Disrupting Dementia with Joy

 

Here’s a recent article from The Washington Post that reports on an important and exciting trend in Alzheimer’s care: Changing the “Tragedy Narrative:” Why a Growing Camp Is Promoting a More Joyous Approach to Alzheimer’s. The article shines a spotlight on some of the many, many activists, advocates, caregivers and people living with dementia who are using play, performance and improvisation to create more creative and relational approaches to dementia care.

I’m especially pleased that the article cites my Institute’s work in this area being led by Dr. Susan Massad and Mary Fridley, who is also quoted. Their grassroots community-building efforts to advance a developmental, social therapeutic approach to living with Alzheimer’s include workshops with the intriguing title, “The Joy of Dementia (You’ve Got to be Kidding”). In these workshops, participants are invited to take a performatory posture and co-create an improvisational life as memory fades (see: Dementia the Joy of Living an Improvisational Life). The article cites another organization, ChangingAging, whose traveling show has an equally provocative title, “Disrupt Dementia.”
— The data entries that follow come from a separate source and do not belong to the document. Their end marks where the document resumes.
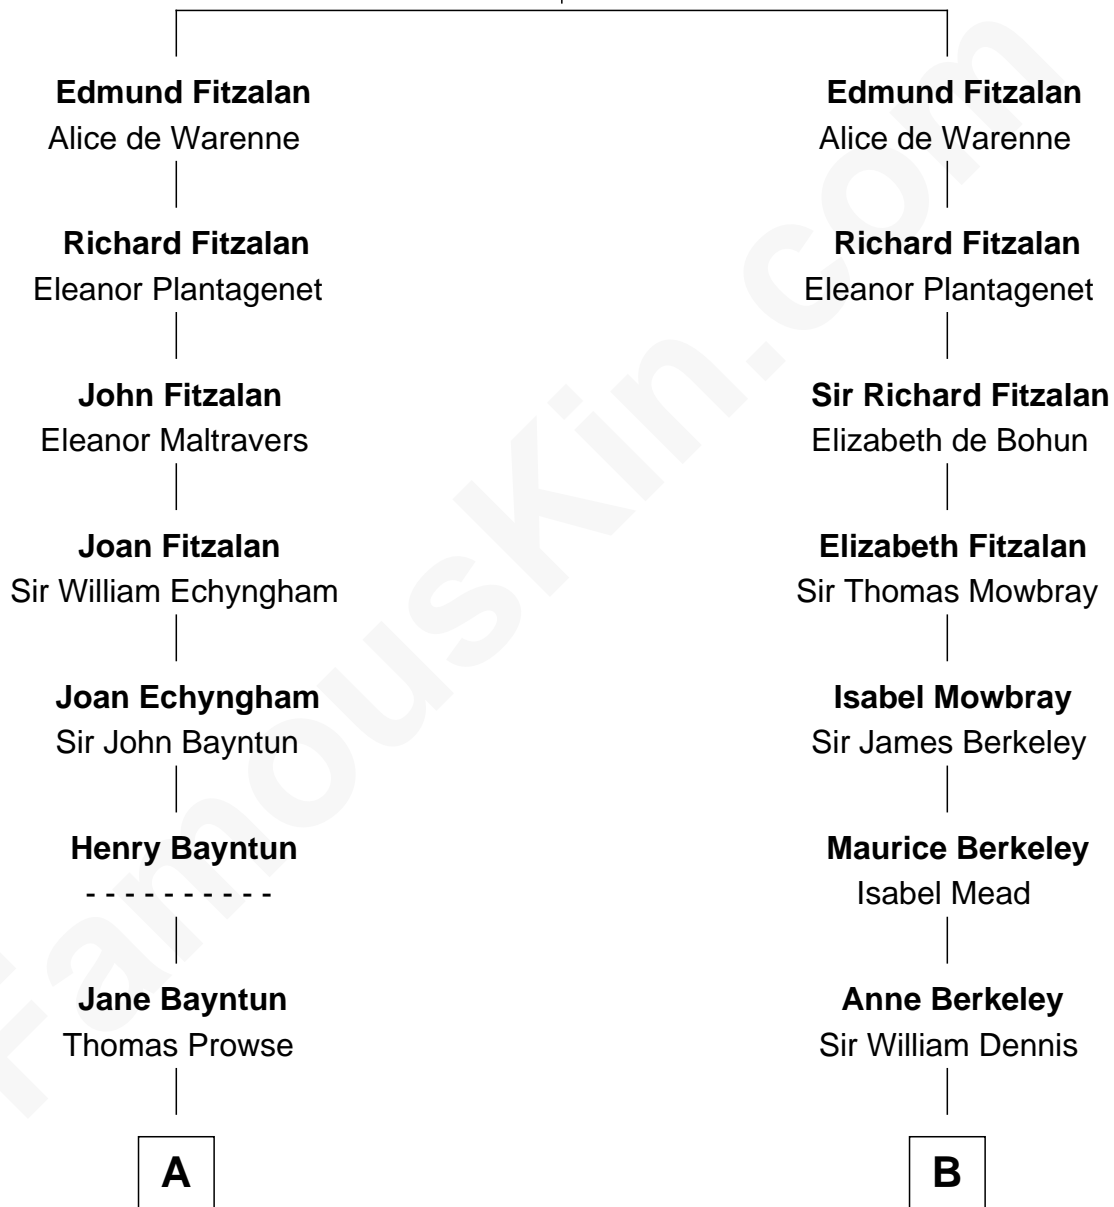

FamousKin.com Relationship Chart of

Kyra Sedgwick

TV and Movie Actress

16th cousin 4 times removed of

Lt. Gen. James Brudenell

Leader of the "Charge of the Light Brigade"

Richard Fitzalan

Alice de Saluzzo

These and other innovators are responding to the great need for culture change in how people diagnosed with dementia are related to. The article quotes Jennifer Carson, director of the newly launched Dementia Engagement, Education and Research program at the University of Nevada at Reno, to this effect: “Alzheimer’s can be a liberating event, an opportunity to fly,” she said. “This is in no way to dismiss the pain and suffering that comes from dementia, but to understand that a lot of that pain and suffering comes from the response.”

The Washington Post article has drawn several hundred comments in its first week since appearing. It’s clearly touching a nerve and sparking dialogue among thousands grappling with how to understand and relate to dementia.

I urge you to share it and join in the movement to create other responses.